New survey reveals COVID, cost of living crisis, skills shortages and lack of mentorship have negatively affected women’s career development in the past 2 years

CAPE TOWN, South Africa, March 8, 2023/APO Group/ — 

52% believe women’s careers in tech suffered due to COVID-19 & cost-of-living crisis; 32% of those in the tech sector say they haven’t received a promotion for over 24 months; 68% see a skills shortage as a key barrier to entry; 21% of women in Africa tech roles are working more than one job to make ends meet; women still need better pay and better flexible working opportunities.

A new global survey of women and allies ahead of International Women’s Day (IWD) today, 8 March, held under the theme “DigitALL: Innovation and technology for gender equality’”, reveals that parity for women in technology-related positions and industries is still a way off, and suggests that COVID-19 has had a major role to play in blocking women’s advancement, along with a skills shortage, and that women are further hampered in their progression by a cost-of-living crisis and lack of access to funding.
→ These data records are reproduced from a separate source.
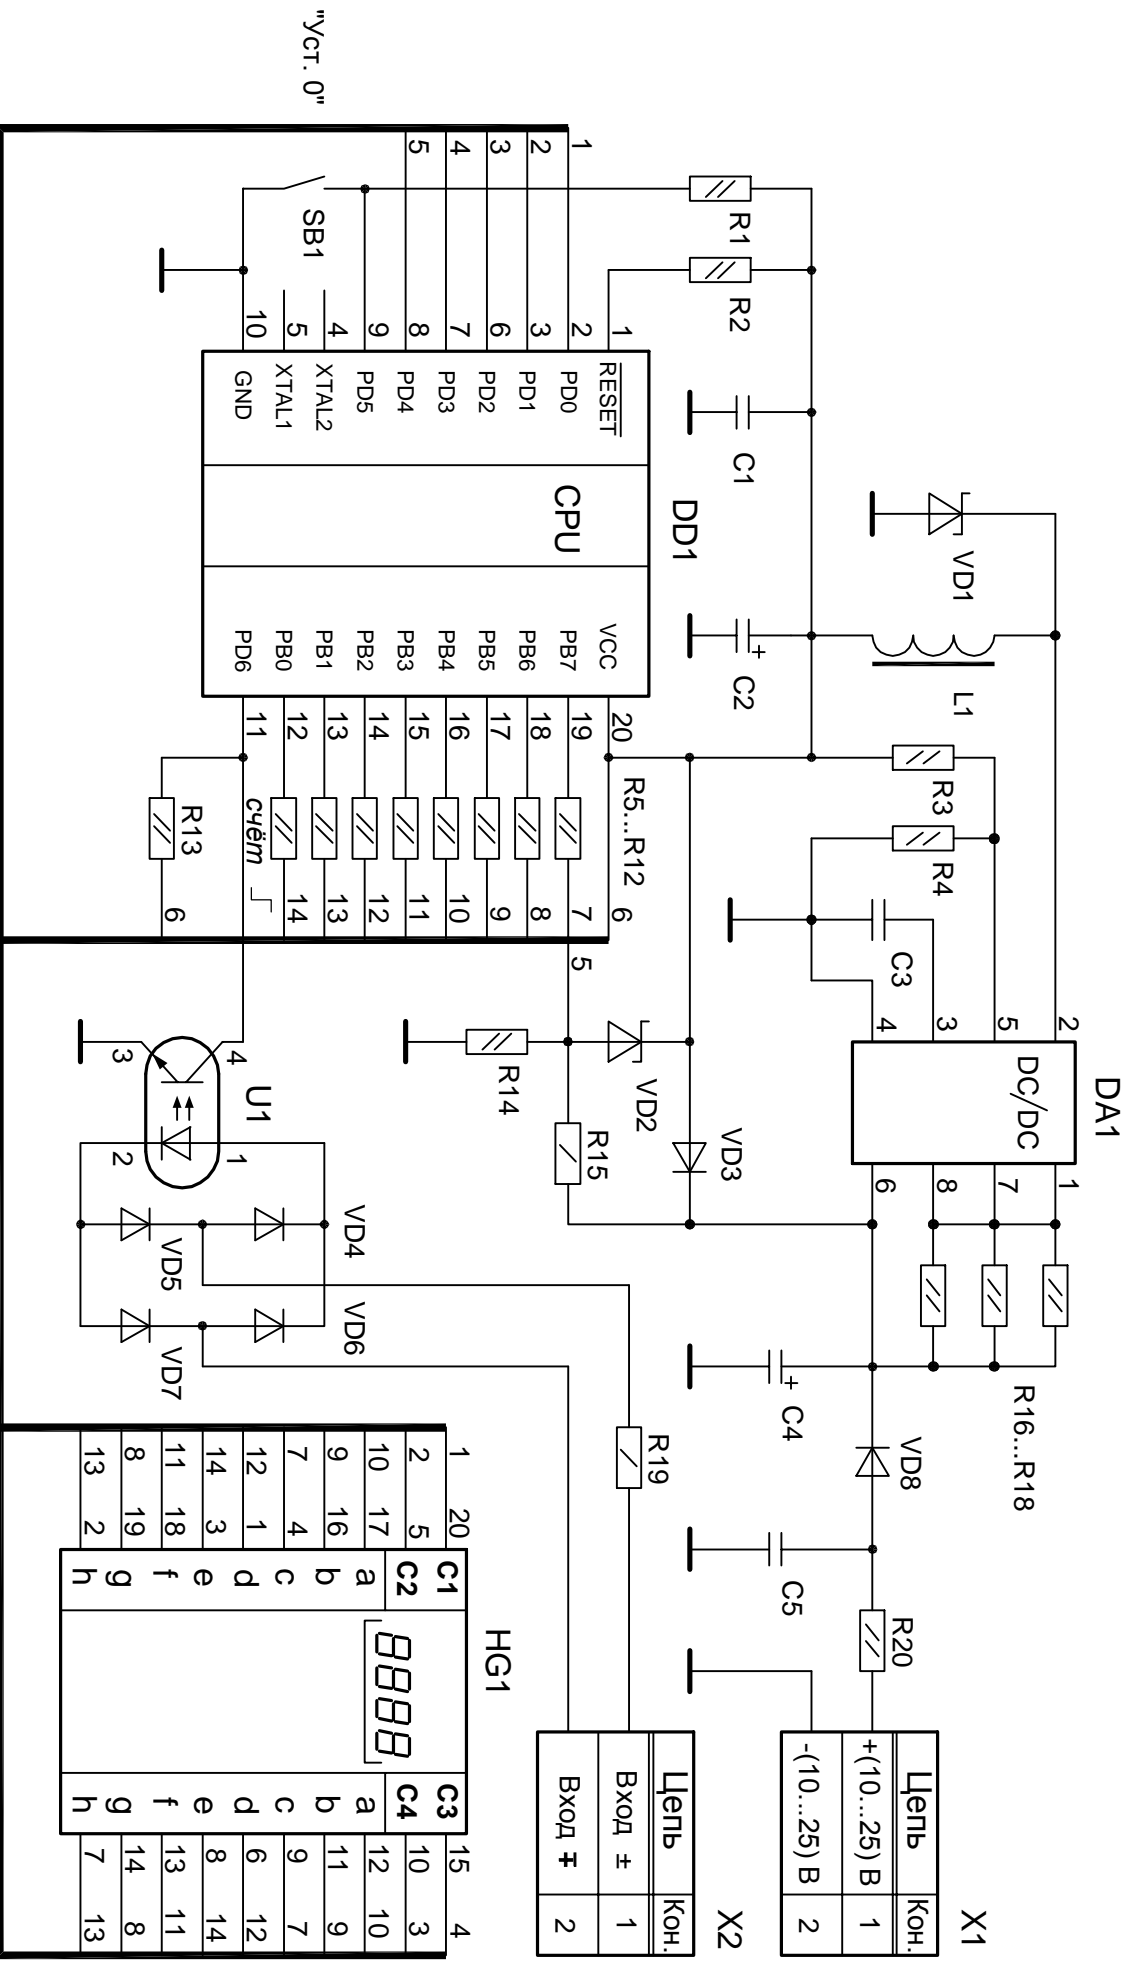

ЭЛЕКТРОННО-ЦИФРОВОЙ СЧЁТЧИК ИМПУЛЬСОВ ЭЦСИ-10

DA1 - MC34063A; DD1 - ATtiny2313V; U1 - PC817; HG1 - CC04-41SRWA; VD1, VD2 - BAT54WS; VD3...VD8 - 1N4148WS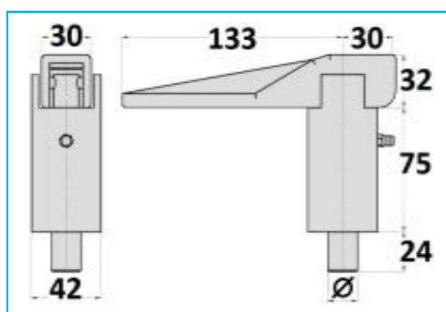

MANIGLIA FISSAGGIO GAMBA

CODICE	DESCRIZIONE	Ø	PESO
JR09001001	Maniglia fissaggio gamba	18mm	1,25 kg
JR09001002	Maniglia fissaggio gamba	25mm	1,30 kg

CODICE	DESCRIZIONE	Ø	PESO
JR09002001	Perno a molla zincato	12mm	0,5 kg

NB: Altri modelli di perno a molla a pag.16-61

SOLLEVATORI TELESCOPICI

CODICE	DESCRIZIONE	A
JR09003001	Manovella per sollevatore telescopico	520
JR09003002	Manovella per sollevatore telescopico	620

NB: A richiesta siamo in grado di procurare sollevatori telescopici per rimorchi di vari tipi e modelli, vari accessori di ricambio e piastre d'appoggio.

NB: LE MISURE SONO IN "mm".

The survey entitled, ‘A deep dive into challenges & opportunities for women’s tech careers and women-led enterprises across Asia, Europe and Africa’, attracted respondents from those three regions, with 45% of respondents who live and work in Africa, 38% based in Europe and 17% in Asia. The survey, conducted by global tech event Africa Tech Festival (http://www.AfricaTechFestival.com/) and tech news portal Connecting Africa (http://www.ConnectingAfrica.com/) in conjunction with London Tech Week and Asia Tech X Singapore, is part of a new annual benchmark survey mapping barriers faced by women in business, perceptions around why they cannot move forward, as well as potential solutions and opportunities to bridging the equality divide.

Challenges

The survey found that over half (56%) of respondents believed that when it came to the recent pandemic and to economic challenges in general, it was women who missed out on work opportunities, were forced to scale down work and take time off to care for children, as well as undertaking more household chores.  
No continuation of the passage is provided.